__Exercise brief__
Write out, from the entries below, exactly the lines that run between the lines holding "DATOS DEL VENDEDOR" and "Artikel Länge (in", inclusive, and stop there.

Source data
=== Section Start ===

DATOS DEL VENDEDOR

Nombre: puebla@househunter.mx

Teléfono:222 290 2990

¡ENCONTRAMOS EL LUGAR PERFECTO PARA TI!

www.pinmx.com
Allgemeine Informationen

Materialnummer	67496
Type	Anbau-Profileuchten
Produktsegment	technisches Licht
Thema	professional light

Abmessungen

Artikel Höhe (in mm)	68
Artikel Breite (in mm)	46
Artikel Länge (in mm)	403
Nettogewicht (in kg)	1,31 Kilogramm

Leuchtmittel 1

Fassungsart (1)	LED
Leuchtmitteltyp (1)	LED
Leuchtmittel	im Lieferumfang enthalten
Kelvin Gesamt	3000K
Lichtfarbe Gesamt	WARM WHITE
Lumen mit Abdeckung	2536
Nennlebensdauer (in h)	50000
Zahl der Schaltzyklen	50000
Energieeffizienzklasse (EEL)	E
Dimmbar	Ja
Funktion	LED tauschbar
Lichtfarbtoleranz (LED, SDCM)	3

=== Section End ===
=== Section Start ===

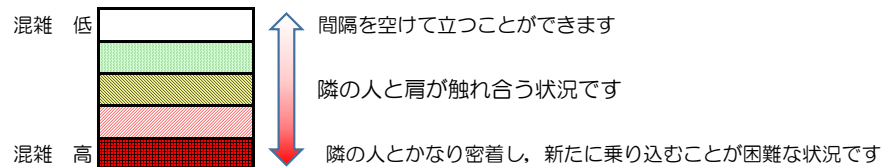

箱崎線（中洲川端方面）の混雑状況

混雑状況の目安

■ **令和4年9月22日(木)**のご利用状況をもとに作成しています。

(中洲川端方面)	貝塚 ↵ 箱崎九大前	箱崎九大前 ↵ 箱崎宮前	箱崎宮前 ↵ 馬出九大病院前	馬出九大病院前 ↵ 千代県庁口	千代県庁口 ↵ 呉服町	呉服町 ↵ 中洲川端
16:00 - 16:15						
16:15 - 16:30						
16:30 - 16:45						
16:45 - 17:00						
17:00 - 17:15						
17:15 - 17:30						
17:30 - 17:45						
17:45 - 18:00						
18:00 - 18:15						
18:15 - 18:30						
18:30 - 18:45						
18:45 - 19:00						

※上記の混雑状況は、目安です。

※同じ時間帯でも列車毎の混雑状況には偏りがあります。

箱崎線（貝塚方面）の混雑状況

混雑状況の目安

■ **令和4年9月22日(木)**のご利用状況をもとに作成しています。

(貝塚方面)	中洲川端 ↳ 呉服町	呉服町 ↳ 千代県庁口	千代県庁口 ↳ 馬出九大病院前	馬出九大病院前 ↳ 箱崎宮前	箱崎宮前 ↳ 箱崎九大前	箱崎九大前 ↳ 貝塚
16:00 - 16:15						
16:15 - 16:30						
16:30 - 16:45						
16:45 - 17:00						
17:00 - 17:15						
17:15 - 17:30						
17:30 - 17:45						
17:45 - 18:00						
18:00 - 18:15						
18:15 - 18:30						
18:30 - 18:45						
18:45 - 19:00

=== Section End ===

__Exercise solution__
DATOS DEL VENDEDOR

Nombre: puebla@househunter.mx

Teléfono:222 290 2990

¡ENCONTRAMOS EL LUGAR PERFECTO PARA TI!

www.pinmx.com
Allgemeine Informationen

Materialnummer	67496
Type	Anbau-Profileuchten
Produktsegment	technisches Licht
Thema	professional light

Abmessungen

Artikel Höhe (in mm)	68
Artikel Breite (in mm)	46
Artikel Länge (in mm)	403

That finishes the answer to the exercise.